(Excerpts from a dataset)
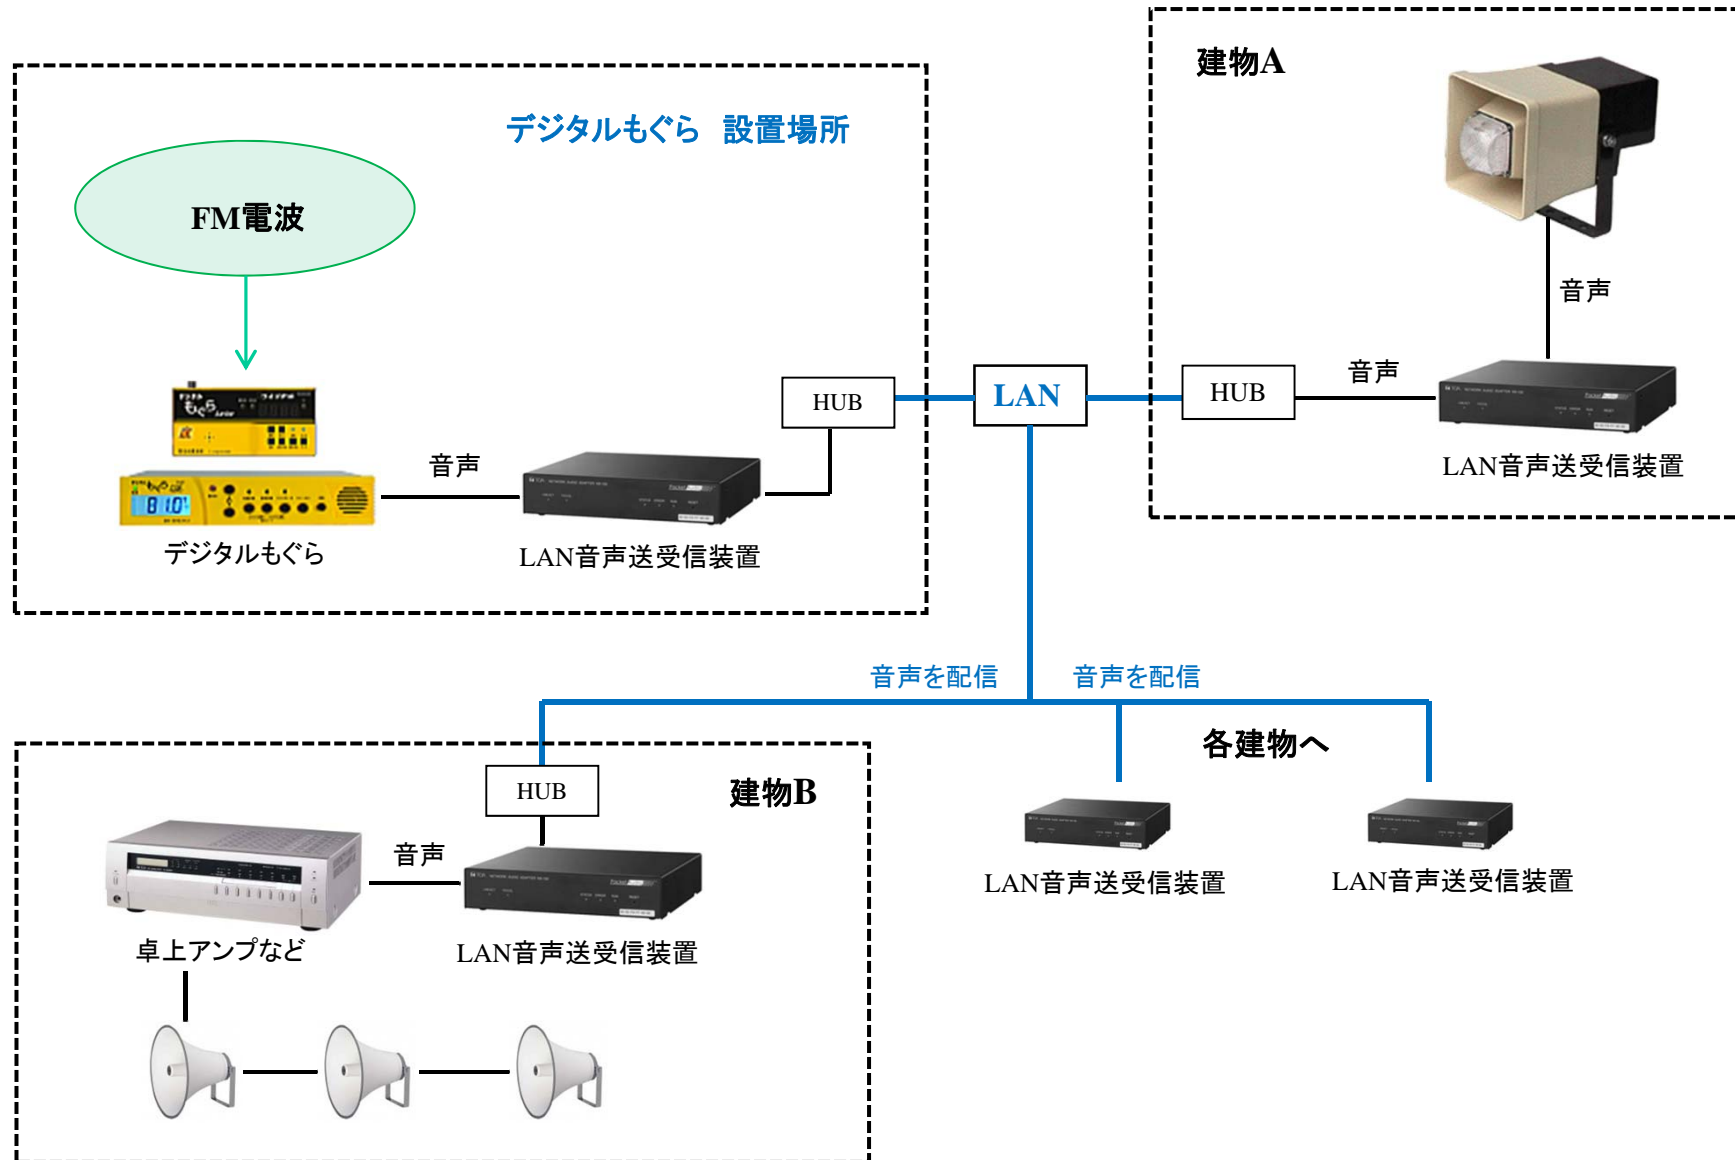

既設LANを利用して、各建物に警報音声を配信

緊急地震速報のリーディングカンパニー

株式会社 J コーポレーション

総合窓口 0742-53-7833

業務管理センター

奈良県奈良市押熊町557-7 4F

既設LANを利用して、各建物に接点を送信し機器を制御

無線送信ユニットを利用して、各建物に警報音声を配信
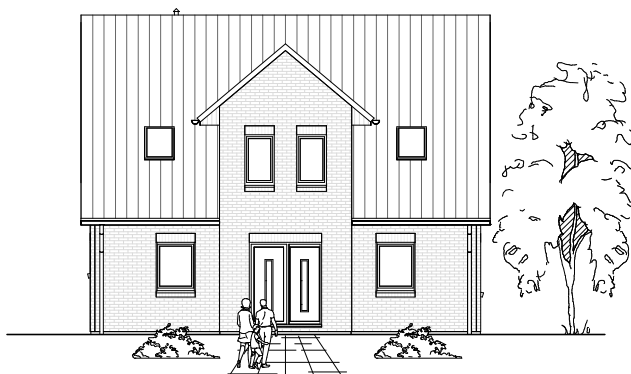

2.5.2

ERDGESCHOSS

77,15 m²

**TEAM
MASSIVHAUS**

Ihr Schlüssel zum Traumhaus

Team Massivhaus GmbH

Hollerstraße 128 Tel.: 04331/33110-0

24782 Büdelsdorf Fax: 04331/33110-9

www.team-massivhaus.de

Die Zeichnungen enthalten Sonderausstattungen!

Maßstab 1 : 100

Maßstab 1 : 200

Maßstab 1 : 200
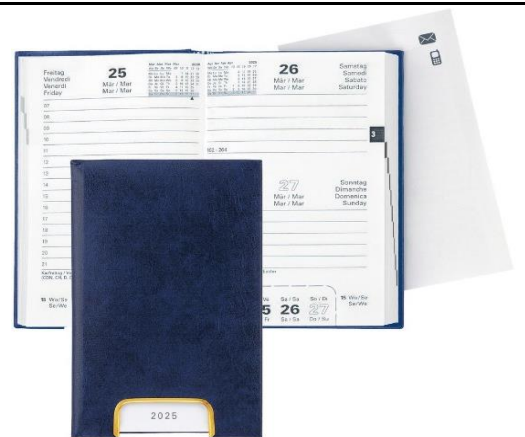

807 402   **Buchagenda, Biella Nr. 807 401**   Stück   Fr. 26.00
Disponent
Format: 10,1 x 16 cm
querliniert, 1 Tag pro Seite
mit Stundeneinteilung, Eckenperforation,
Registerdruck, Kunstleder-Überzug
Farbe: **blau**
Original-Nummer: 807 401 05

Art.Nr. 1200.57807401
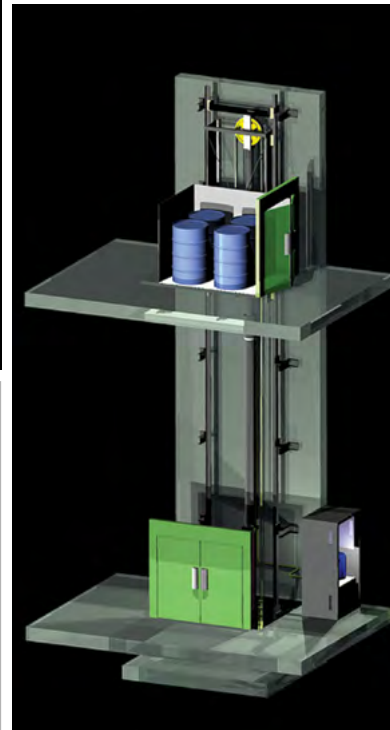

projeto e desenvolvimento

design and development

O departamento de projeto e desenvolvimento garante a qualidade e fiabilidade dos produtos **GRUPNOR®**, oferecendo ao mercado soluções seguras e inovadoras suportadas na excelência da sua engenharia e no rigoroso cumprimento das normas europeias.

A department of design and development ensures the quality and reliability of **GRUPNOR®** products, offering the market safe and innovative solutions supported by excellence in its engineering and in strict compliance with European standards.

• _WHAT THE TASK ASKS_
Wherever "development" occurs in the entries above, copy the line it sits on.

• _ANSWER SPACE_
design and development
A department of design and development ensures the quality and reliability of **GRUPNOR®** products, offering the market safe and innovative solutions supported by excellence in its engineering and in strict compliance with European standards.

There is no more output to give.